For children ≤ 1 year old (n = 42), indications for lumbar puncture were available for N = 30 and were fever (N = 24), febrile seizures (N = 2), acute gastroenteritis with dehydration (N = 2), respiratory distress by meconium. For older children (N = 36), medical records were available for 32 of them and indications for lumber punction were headache (N = 6), visual disorders (diplopia, scotoma…) (N = 6), epilepsy (N = 3), sensory-motor deficit of the lower limbs (N = 3), gait disturbances (N = 2), fever (N = 1), epileptic encephalopathy (N = 1), moya-moya disease (N = 1), 6-month check-up after encephalitis (N = 1), peripheral facial palsy (N = 1), arthritis (N = 1), acute bronchitis (N = 1), intrathecal infusion pump filling (N = 1), cranial trauma (N = 1), cystitis (N = 1), paresthesia (N = 1) and transitory isolated behavioral disorder (N = 1).
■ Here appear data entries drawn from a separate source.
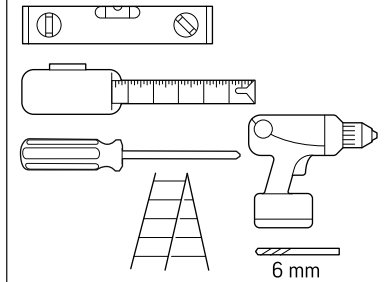

CONTENTS

HDMI
1.83 m (6 ft)

LAN (STP)
4.57 m (15 ft)

(4) M4 x 8 Screw

(4) #8 x 7/8" Plastic Anchor
(4) #8 x 1" Screw

TOOLS

1

Hereby, Plantronics B.V. declares that the radio equipment type Model P018 and P017 is in compliance with Directive 2014/53/EU. The full text of the EU declaration of conformity is available at <https://www.poly.com/gb/en/legal/compliance/conformity>.
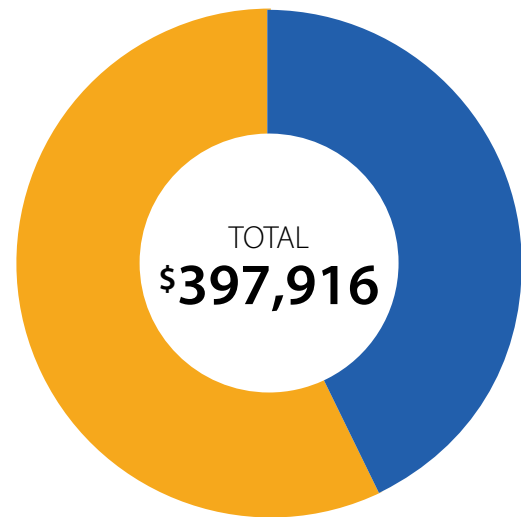

Scholarships

The Michigan Masonic Charitable Foundation and Michigan Lodges have partnered to support students pursuing an undergraduate college degree by helping offset the rising costs of higher education. Students may use these scholarships to pay for school related expenses such as textbooks, tuition and housing.

Scholarships Fiscal Year 2016

Together, Michigan Lodges,
in collaboration with the
Michigan Masonic Charitable Foundation,
awarded nearly
$400,000
in scholarships in 2016.

424 Students benefitted
172 Lodges participated

■ MMCF Contribution $171,125
■ Lodge Contribution $226,791

Below is a list of lodges we would like to congratulate for taking advantage of the scholarship matching funds program for the first time in the past two years. Together, they have awarded a total of:

$22,900 to 23 Michigan students.

- **Monroe Lodge #27**
  Scholarships (1) ..... Total Amount: **$3,000**
- **Siloam Lodge #35**
  Scholarships (3) ..... Total Amount: **$1,500**
- **Romeo Lodge #41**
  Scholarships (1) ..... Total Amount: **$1,000**
- **Michigan Lodge #50**
  Scholarships (1) ..... Total Amount: **$1,500**
- **Lake Superior Lodge #67**
  Scholarships (3) ..... Total Amount: **$1,500**
- **Livonia United Lodge #152**
  Scholarships (5) ..... Total Amount: **$3,000**

- **Star of the Lake Lodge #158**
  Scholarships (1) ..... Total Amount: **$3,000**
- **Potterville Lodge #367**
  Scholarships (3) ..... Total Amount: **$2,400**
- **Brookfield Lodge #439**
  Scholarships (2) ..... Total Amount: **$1,000**
- **Fenton Lodge #506**
  Scholarships (2) ..... Total Amount: **$3,000**
- **West Gate-Cyrus Lodge #520**
  Scholarships (1) ..... Total Amount: **$2,000**

Thank You!
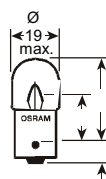

PARKING GLOBES

Part #..... OS5007
EAN 40 50300.....169415
Int category code ECE.....R5W
Rated voltage [V].....12
Rated wattage [W].....5
Base.....BA15s
Normal pack [pcs.].....10

Part #..... OS5627
EAN 40 50300.....173283
Int category code ECE.....R5W
Rated voltage [V].....24
Rated wattage [W].....5
Base.....BA15s
Normal pack [pcs.].....10

Part #..... OS5407
EAN 40 50300.....171326
Int category code ECE.....R5W
Rated voltage [V].....12
Rated wattage [W].....5
Base.....Ba15d
Normal pack [pcs.].....10

Part #..... OS5626
EAN 40 50300.....171340
Int category code ECE.....R5W
Rated voltage [V].....24
Rated wattage [W].....5
Base.....Ba15d
Normal pack [pcs.].....10

Part #..... OS5008
EAN 40 50300.....513539
Int category code ECE.....R10W
Rated voltage [V].....12
Rated wattage [W].....10
Base.....BA15s
Normal pack [pcs.].....10

Part #..... OS5637
EAN 40 50300.....171203
Int category code ECE.....R10W
Rated voltage [V].....24
Rated wattage [W].....10
Base.....BA15s
Normal pack [pcs.].....10
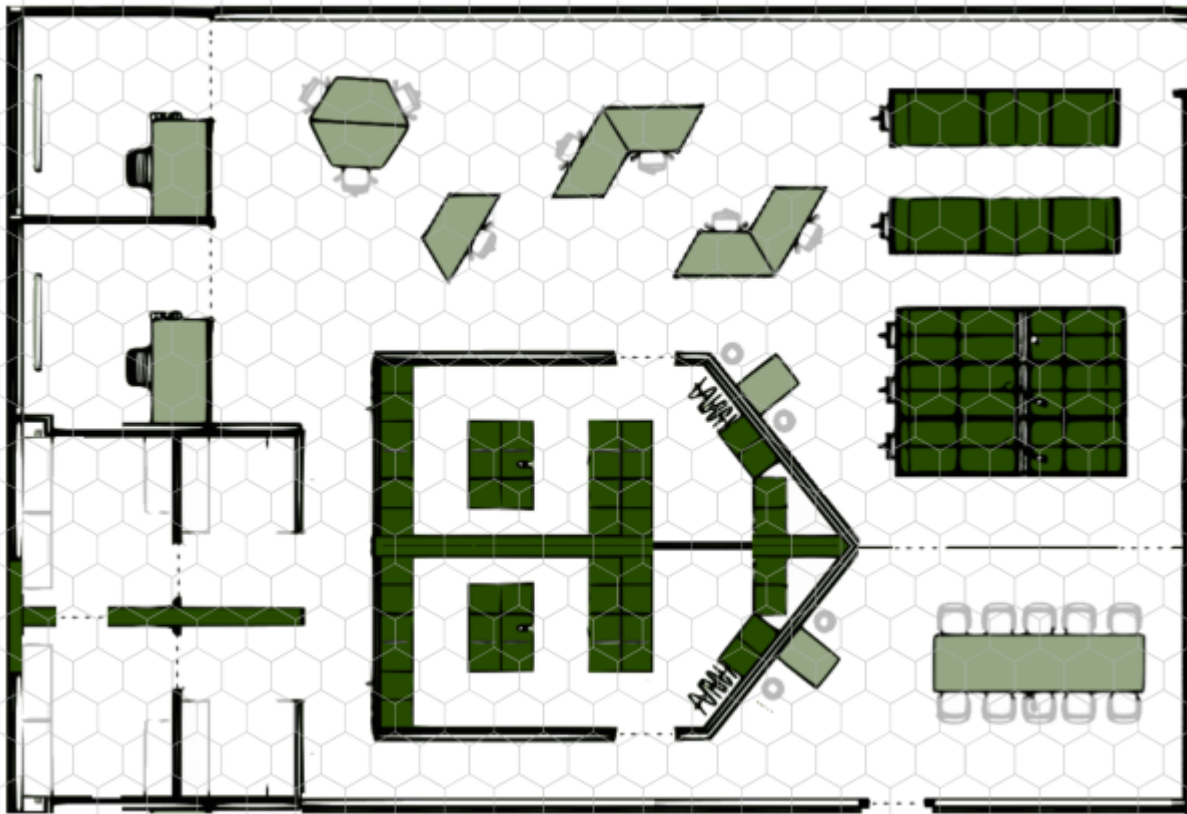

Maps

The following maps each link to a page that includes a version with a hex grid, a version without a grid, an editable SVG files, and a PDF that is formatted to be printing and taped together.

Trolley Factory

Office

Lab

Gym

Sky Station

Loading Dock

From:

<https://wiki.slrpnk.net/> - **SLRPNK**

Permanent link:
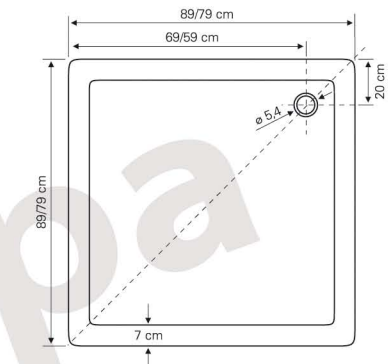

Liza 3KV

90×90
80×80

Technical data _____

Shower tray

Front panel

Shower trays
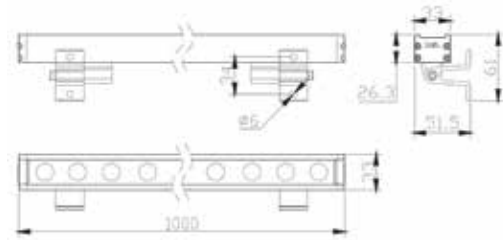

Connectors Male & Female for E498 & E499

Cable 25cm
 Input 24V
 IP 66
 Color Black / **Code CNCTR 7**

WALL WASHER TUNABLE WHITE

Power 24W
 Input 24V
 Color Temperature 2700K-6500K
 Lumen 1580-1770Lm
 Cri 80
 IP 66
 Dimensions L: 100cm W: 3.3cm H: 2.6cm
 Beam Angle 60° x 10°
 Material Aluminium
 Special Feature Honeycomb Included
 Driver Not Included
 Connect 6pcs MAX
 Color Grey / **Code E382**
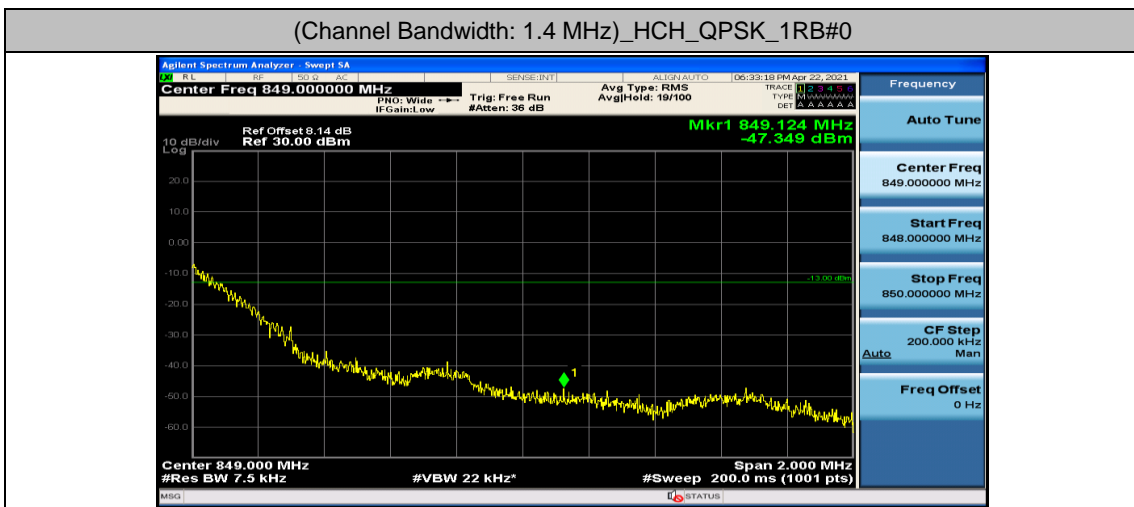

Channel Bandwidth: 5 MHz

Channel Bandwidth: 10 MHz

Appendix D: Band Edge

Test Graphs

Channel Bandwidth: 1.4 MHz

(Channel Bandwidth: 1.4 MHz)_HCH_QPSK_1RB#0

(Channel Bandwidth: 1.4 MHz)_HCH_QPSK_1RB#3

(Channel Bandwidth: 1.4 MHz)_HCH_QPSK_1RB#5

(Channel Bandwidth: 1.4 MHz)_HCH_QPSK_3RB#0

(Channel Bandwidth: 1.4 MHz)_HCH_QPSK_3RB#2

(Channel Bandwidth: 1.4 MHz)_HCH_QPSK_3RB#3

(Channel Bandwidth: 1.4 MHz) HCH_QPSK_6RB#0

(Channel Bandwidth: 1.4 MHz) LCH_16QAM_1RB#0
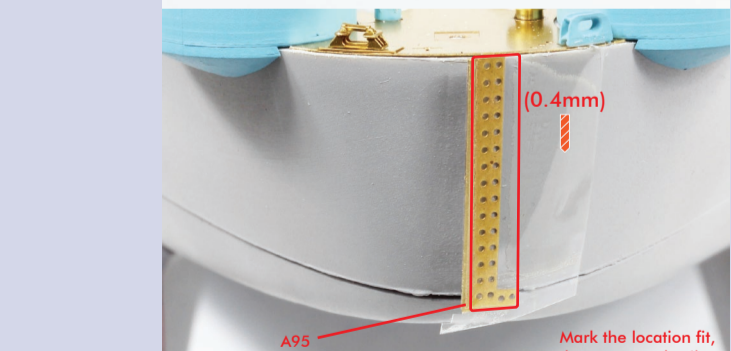

< Leadman's Platform >

< Bitt >

< 20mm Ammo Box >

< Paravane >

< Paravane Boom >

No. 1 Turret & No. 3 Turret

For better information or corrections, we update this manual on our website.
 Pontomodel makes every effort to see to it that our customers are satisfied. If you have product suggestions or if there is a particular product of dry transfer you would like to suggest we carry, please feel free to contact us.
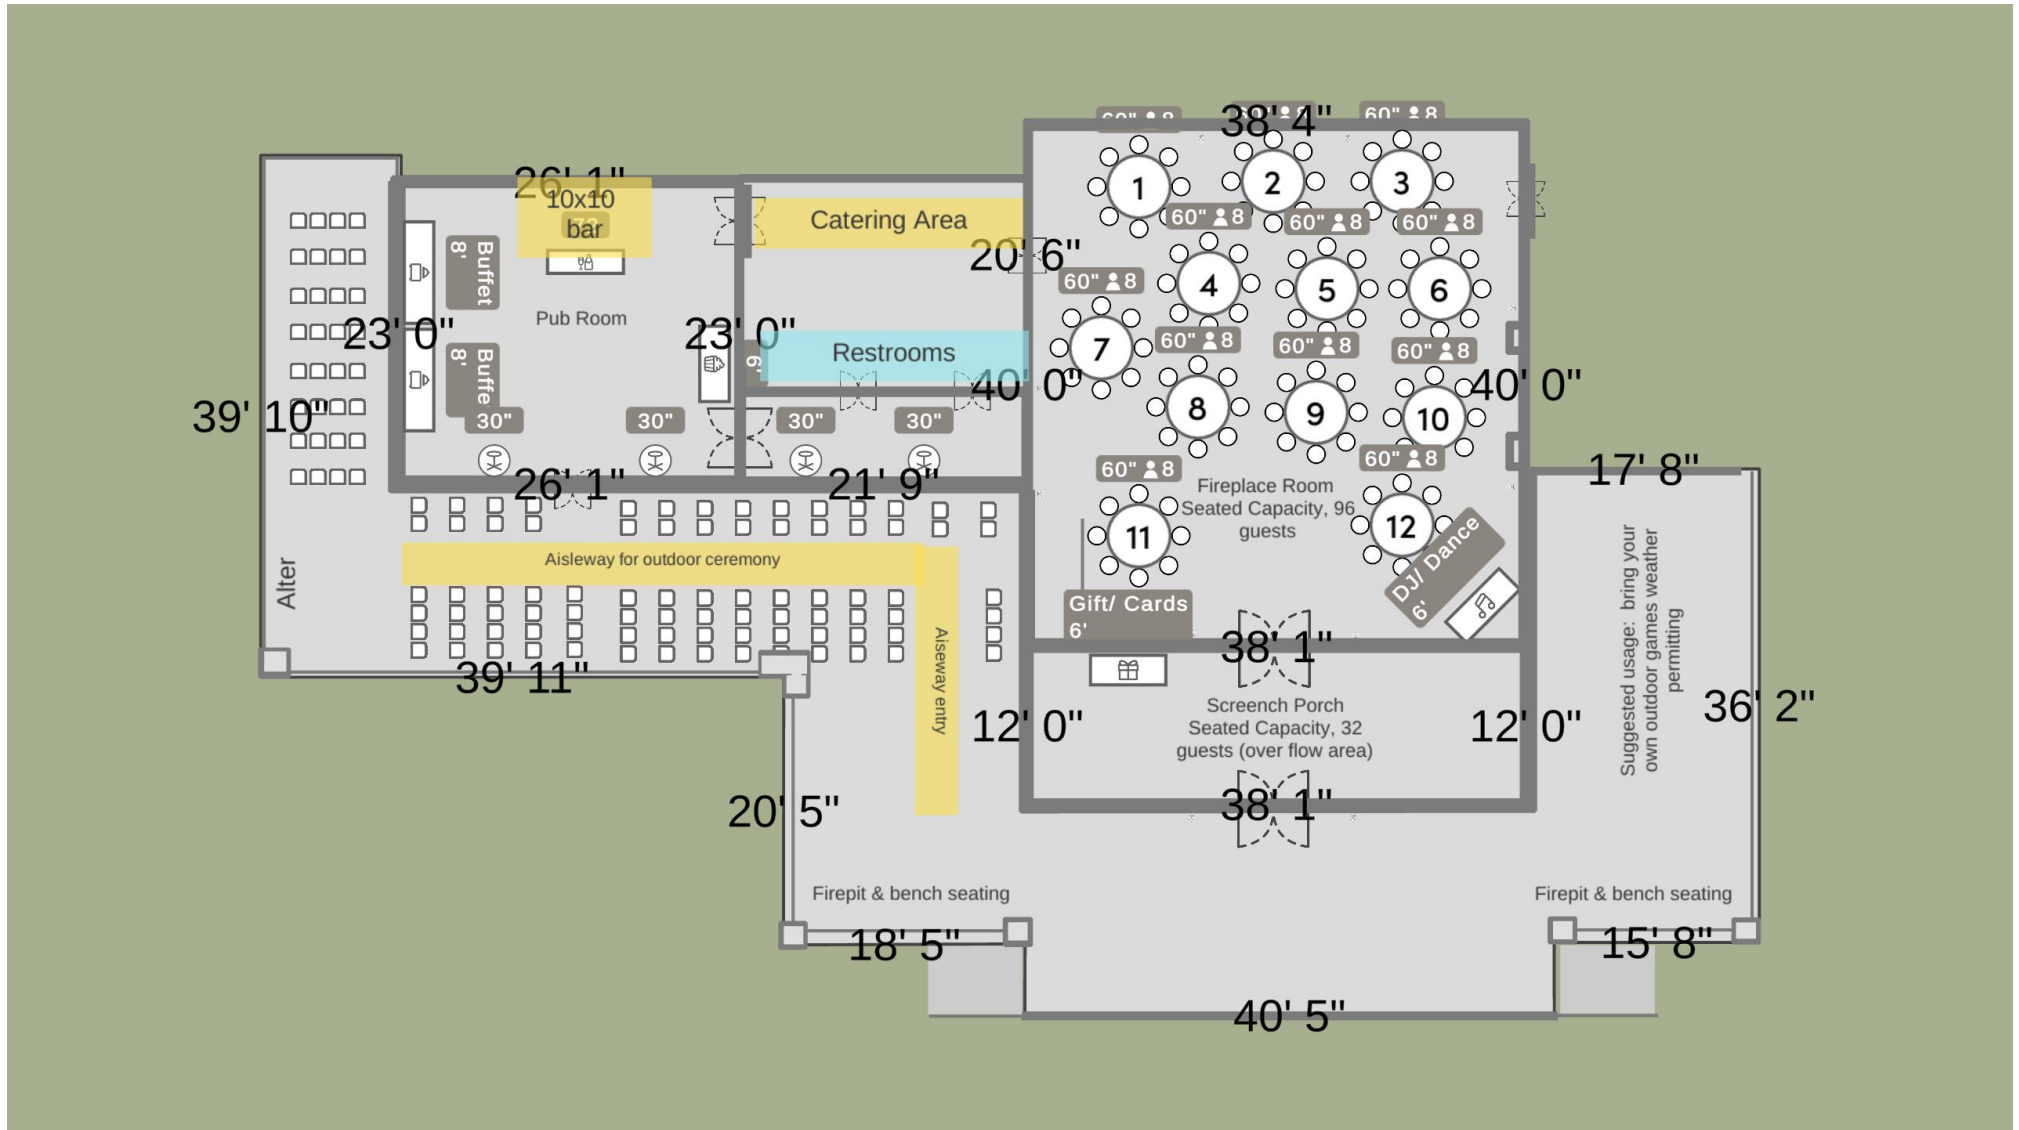

Eddie Manderville Chalet - Full Venue - Example Set - Outdoor Ceremony & Indoor Reception - 4/14/2023 - Max Capacity Reception 128 pp

● Table Seats (96)

■ Chairs (116)

☺ Lounge Furniture (0)

All biological results were subsequently found to be normal.

Histamine Assay

The CSF samples were immediately preserved at −80°C after sampling. Blood contamination was checked visually and specimens of CSF with abnormal color were excluded from the study. The HA and t-MeHA assays were carried out simultaneously, on CSF samples without abnormal color at visual checking, at Bioprojet-Biotech in Saint Gregoire (France) using the analytical method internally developed by Croyal et al. (25). These measurements rely on derivatization of primary amines using 4-bromobenzenesulfonyl chloride and subsequent analysis by reverse liquid chromatography (UPLC: ultra-performance liquid chromatography) with mass spectrometry detection. The combination of these two methods makes it possible to solve the problem inherent in the sensitive analysis of two amines with close physicochemical properties (26). All measurements were performed blindly. The ratio of t-MeHA/HA was calculated.

Statistical Analysis

Children age was considered in the statistical analyses both as a continuous and a categorical variable. Age categories were then 0–2 months (n = 20), 2–6 months (n = 15), 6–12 months (n = 7), 1–10 years (n = 13), and 10–20 years (n = 23). The 2–6 months age group was the one of specific interest to study potential implication in SIDS.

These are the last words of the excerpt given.